2. Body measurements
Measuring the key areas, you want to see changes in is a great way to see if the exercises you are doing are yielding the results. Because after all, your body will burn fat from wherever it wants, the weight training is what creates your shape. Doing these every few months is best practice.

3. Clothing
This is one of the best ways to see how much progress you have made outside of scales. Sometimes the weight change isn’t dramatic but can yield a significant drop in clothing size and even how it fits. If you notice that your jeans are fitting you better in the right places, but your weight hasn’t dramatically moved that is still a great sign of progress and should go hand in hand with the progress photos.

4. Health Scans
There are quite a few of these machines available now in gyms and even some supplement stores and can give you a good idea as to what real changes are happening. For example, let’s say you lose 3kgs in 2 months but want to lose 5. Sounds disappointing at first, but a scan may show you have gained some muscle, so you may have dropped more than 3kgs of fat. As you get further along a weight loss plan, it becomes more and more important that you do not lose muscle, and these scans can show you if you need to slow down so that you can keep burning body fat and not lose muscle, which is great for long term success.

5. Strength/fitness goals
Having a performance target is good to have alongside a weight goal. It gives your training a specific focus and accountability.
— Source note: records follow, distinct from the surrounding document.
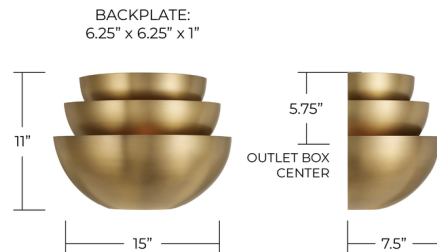

Lightology

lightology.com
866-954-4489
04-24-26

Project: _____

Company: _____

Location: _____ Fixture Type: _____

SPEC #: **CPT1536464**

Approved On: _____ Approved By: _____

Gia Wall Sconce By Capital Lighting

Description

The Gia Sconces bring a refined, contemporary feel to any interior. Designed with smooth, flowing contours, each piece features a layered, dome-like structure that adds depth and visual interest to the wall. Light gently filters between the tiers, creating a soft, ambient glow that enhances the surrounding space. Both sculptural and functional, the Gia Sconces serve as a striking accent while delivering a warm, inviting atmosphere.

Shown in aged brass

Specifications

COLOR	N/A
BODY FINISH	Aged Brass
WATTAGE	18W
DIMMER	Standard 120V
DIMENSIONS	15"W x 11"H x 7.5"D
BULB NOT INCLUDED	2 x B10/Candelabra (E12)/9W/120V LED
COUNTRY OF ORIGIN	Viet Nam

Seeing improvements in how far you can run, swim, or even how much weight you can lift is motivating and gives you little wins along the way rather than always focusing on a weight goal that could be in the distance.

If you're measuring progress with scales now, we highly recommend implementing one or more of these to ensure you are getting the full picture and prove that you are still making progress despite any blips that may happen on the way.